Now I see things from a different perspective. If I could speak to my younger self, I would counsel him to learn how to listen to other people's anger, because learning that enabled me to see the ways in which I was truly privileged and kept myself from seeing it. I would also counsel him to listen to perspectives without presuming an agenda.

Date: 2005-07-28 06:18 pm (UTC)
From: [identity profile] sophiaserpentia.livejournal.com
I do think that the socialization and experiences of trans women pre-transition do differ from those of men and resemble those of other women although the degree of difference and similarity varies from person to person.

Yeah. It's next to impossible for me to know what are the implications of knowing that my experience is fundamentally that of a transwoman who was forcibly socialized as a boy -- IOW, how much can I speak for men from my own experience?

I think I can speak for men at least a bit. Maybe more than a bit, but that's what's debateable.

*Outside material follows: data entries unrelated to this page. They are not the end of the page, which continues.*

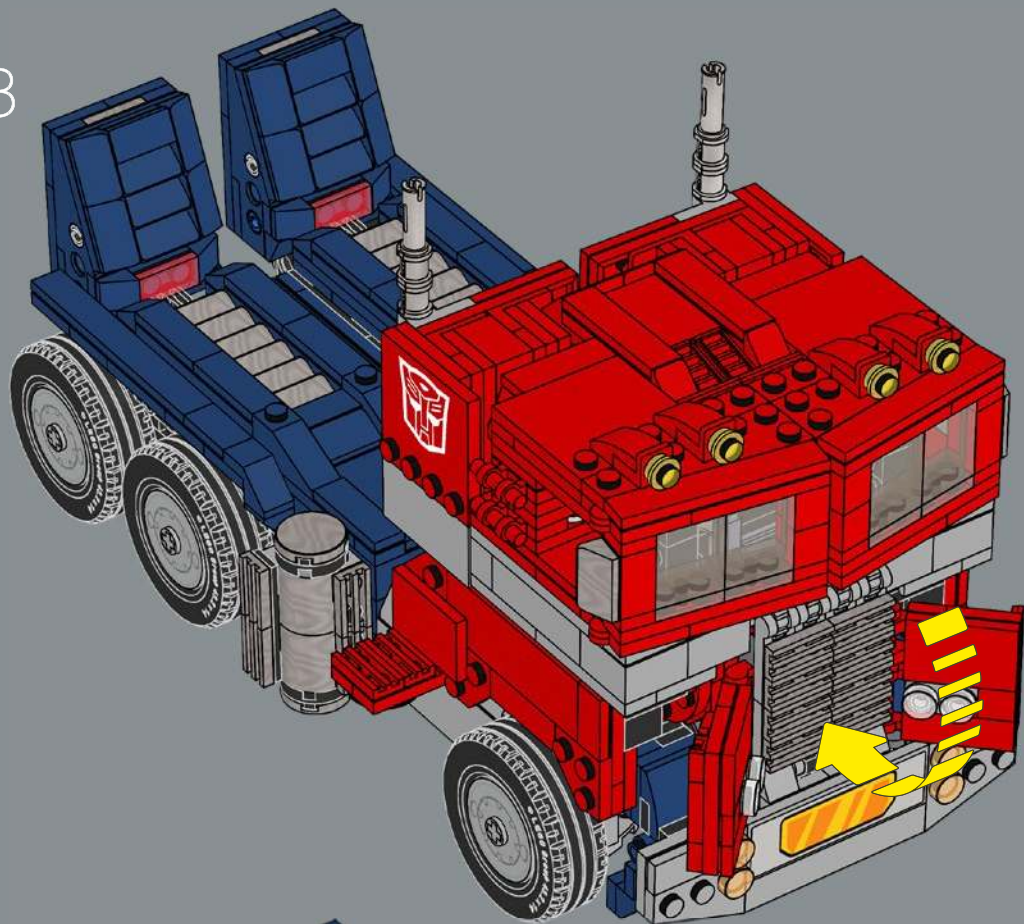

10

11

12

13

14

16

17

Optimus Prime's blaster is the only accessory in this LEGO® set that was included in the original toy, so it is also incorporated into the vehicle mode.
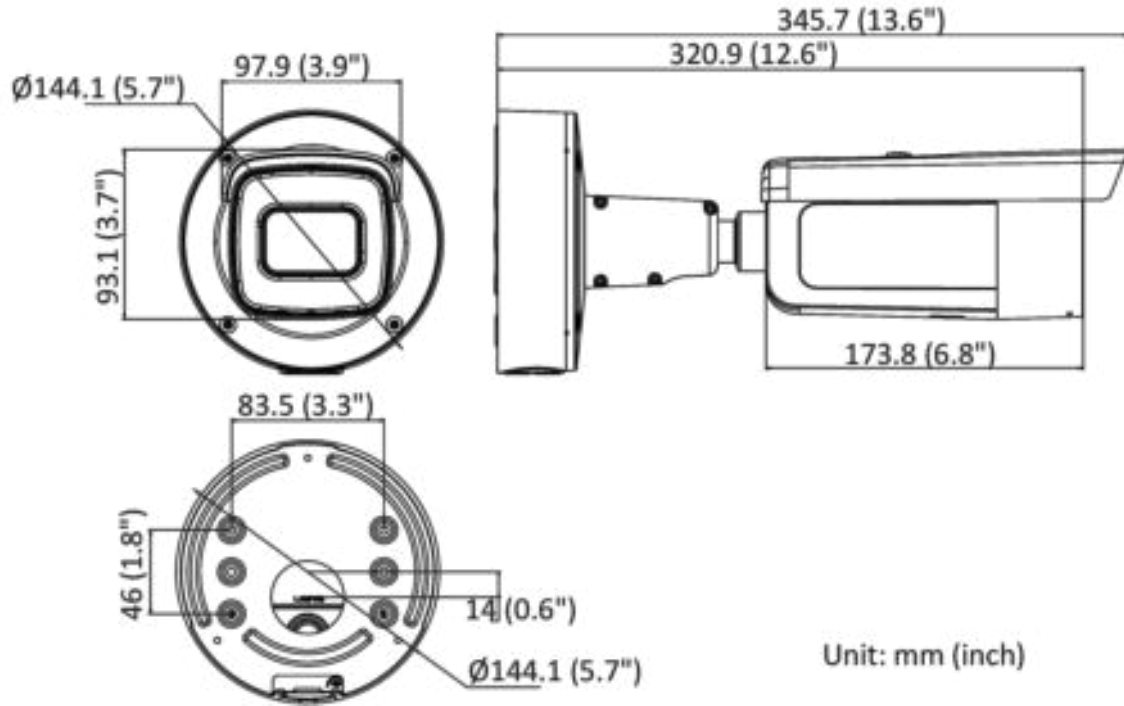

▪ **Available Model**

DS-2CD2646G2-IZS (2.8 to 12 mm)

▪ **Dimension**

▪ **Accessory**

▪ **Optional**

DS-1476ZJ-SUS Corner Mount	DS-1275ZJ-S-SUS Vertical Pole Mount	DS-2251ZJ Pendant Mount
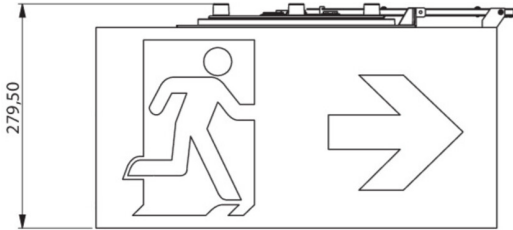

TECHNICAL DRAWING

ACCESSORY LIST

- DSA-Y4M -
- DSA-Y4M-APA -
- WKO -

As of: 17.07.2024 - Subject to technical changes and errors.

I am loathe to speak of my perspective as a woman's perspective though. It's... well, it's my perspective before it's a transwoman's, man's, or woman's. I'll wait and see how many men, or women, or transpeople can relate most closely to these comments. So far it seems the trannies are ahead.


In transistion I didn't set out to "become a woman", but only to escape the restrictions that kept me from being myself.

That is close to how I see my transition. I see it as a survival tactic, a way to preserve my happiness and sanity. Female is not the only alternative to being male, and so becoming "pointedly-not-male" does not automatically default me to female, but in terms of what society will accept it's what's left.

I'm fond of quoting the line from Hedwig and the Angry Inch, with regard to my feelings about gender transition: "It's what [we] have to work with." It's not an ideal option, and for me at least it doesn't necessarily mean I will ever feel like an "authentic" woman, but presenting as female feels more authentic an expression of who I am, than presenting as male.